# Question about Uber rejecting my insurance card.



## CbusMust (Apr 25, 2017)

Hey everyone. This is my first post here. 

So I live in Ohio, and have regular liability insurance through Progressive. Now I'm aware that in my state, I'm not covered with using my car for a TNC. My question is, is this why Uber keeps rejecting my insurance? I don't have a "card", but rather, a piece of paper with my name, VIN, and policy number, and it is valid. I've tried literally a dozen times only to be rejected within minutes. I've had my insurance for 5 years, and have a spotless driving record, and don't wanna have to switch. I am willing to get commercial insurance, but only if I'm sure Uber will take it. Has anyone else had trouble getting their insurance validated? Do you -have- to take a picture of a laminated card? 

Thanks again, everyone.


----------



## PrestonT (Feb 15, 2017)

Go to your local Greenlight Hub and ask them what's wrong with the proof of insurance you're uploading.


----------



## CbusMust (Apr 25, 2017)

Thanks, I'll try that. It's just weird. This is the only thing standing in my way. I want to practice driving at my own risk just to see if this is even something I really want to do before committing to the extra 150 a month for commercial.


----------



## CbusMust (Apr 25, 2017)

Just a quick update, I got it sorted out. My camera isn't the best, and the paper was creased, so I'm good now.


----------



## pismire (May 2, 2017)

CbusMust said:


> Thanks, I'll try that. It's just weird. This is the only thing standing in my way. I want to practice driving at my own risk just to see if this is even something I really want to do before committing to the extra 150 a month for commercial.

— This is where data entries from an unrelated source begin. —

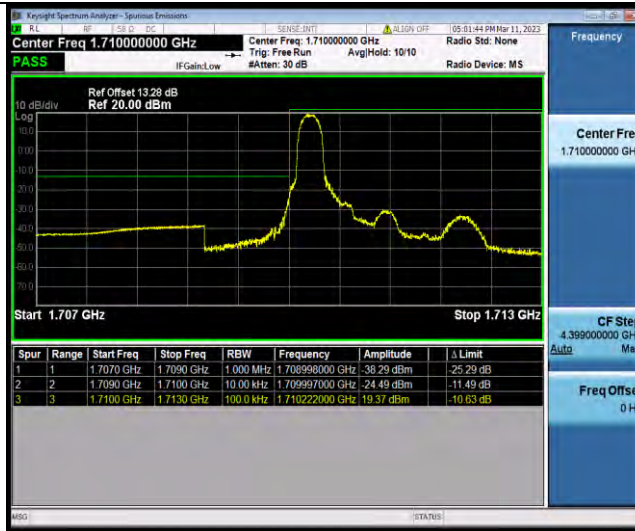

Test Report No.: W7L-P23030003RF07

Band66-1.4MHz-16QAM-132665-1RB#5

Band66-1.4MHz-16QAM-132665-6RB#0

Band66-1.4MHz-64QAM-131979-1RB#0

BUREAU VERITAS

Test Report No.: W7L-P23030003RF07

Band66-1.4MHz-64QAM-131979-6RB#0
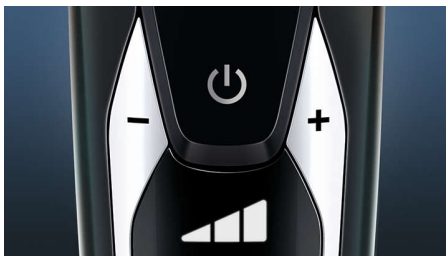

Highlights

V-Track blade system PRO

Get the perfect close shave. The V-Track Precision PRO Blades gently positions each hair in the best cutting position, from 1 day up to 3 day beard and even the flat laying and different length of hairs. Cuts 30% closer* in less strokes leaving your skin in great condition.

8-direction ContourDetectHeads

Follow every contour of your face and neck with 8-directional ContourDetect heads. You'll catch 20% more hairs with every pass. Resulting in an extremely close, smooth shave.

Personal comfort settings

Choose between 3 modes to customize your shave: Sensitive – for a gentle, yet thorough shave. Normal – for a thorough, everyday shave. Fast – for a quick shave that saves you time.
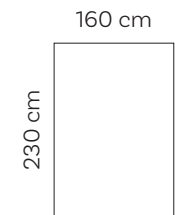

Roof Agave Carpets

Custom-made carpet available
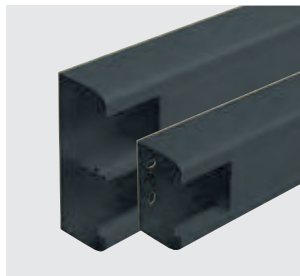

FLEXIBLE COVER SNAP-ON DLP TRUNKING

DLP black edition

Modern design and time saving thanks to the flexible cover snap-on trunking system.

Main benefits

- Black colour for a modern style
- Quick and easy installation thanks to flexible cover and finishing accessories
- Can be equipped with power and data sockets for snap-on trunking
- Black edition snap-on trunking [See p. 1057](#)

- 2 sizes supplied complete: body + cover + dividers

- Sockets with Soluclip accessory guaranteed anti-pullout

Sockets for flexible cover snap-on DLP trunking black edition 50 x 80 and 50 x 130

0 772 32L

0 772 33L

Pack	Cat.Nos	
		German standard socket outlets for flexible cover snap-on black edition DLP trunking
		Sockets with connection at both sides for snap-on mounting on trunking with 45 mm cover Particularly suitable for installation on snap-on trunking (see opposite) The socket incorporates the Soluclip accessory to hold the socket in place and comply with the standard Connected with automatic terminals
10	Matt Black 0 772 32L	German standard 2 x 2 P+E
10	0 772 33L	3 x 2 P+E
		RJ 45 data sockets for flexible cover snap-on black edition DLP trunking
10	Matt Black 0 794 61L	Cat.6 UTP 1 module
10	0 791 65L	Cat.6 FTP 2 modules
10	0 791 76L	Cat.6 STP 2 modules
10	Matt Black 0 757 86	Soluclip accessory For installation with any Mosaic or Arteor function

This is foolish talk. You could get into an accident at any time. Do not take a single pax without the proper insurance.


----------



## steveK2016 (Jul 31, 2016)

Regular liability insurance? Or collision and comp? Thats a big difference. If you onyl have liability insurance through your personal, it would defeat the purpose to get any rideshare endorsement. Liability will be covered by Uber for pax and things you damage. The issue will be yourself and your vehicle, which youd have neither if you just have liability on your personal coverage.

Yes some states the min insurance is just liability. Cant get just liability if the vehicle is financed but if its paid for you can just get liability insurance.


----------



## Mars Troll Number 4 (Oct 30, 2015)

Uber only provides collision/comp if YOUR POLICY has collision/comp. Even if your policy won't cover you while ride-sharing...


----------



## Buckiemohawk (Jun 23, 2015)

CbusMust said:


> Hey everyone. This is my first post here.
> 
> So I live in Ohio, and have regular liability insurance through Progressive. Now I'm aware that in my state, I'm not covered with using my car for a TNC. My question is, is this why Uber keeps rejecting my insurance? I don't have a "card", but rather, a piece of paper with my name, VIN, and policy number, and it is valid. I've tried literally a dozen times only to be rejected within minutes. I've had my insurance for 5 years, and have a spotless driving record, and don't wanna have to switch. I am willing to get commercial insurance, but only if I'm sure Uber will take it. Has anyone else had trouble getting their insurance validated? Do you -have- to take a picture of a laminated card?
> 
> Thanks again, everyone.


They won't take policies through progressive, because progressive will sue them for telling drivers their regular insurance was okay


----------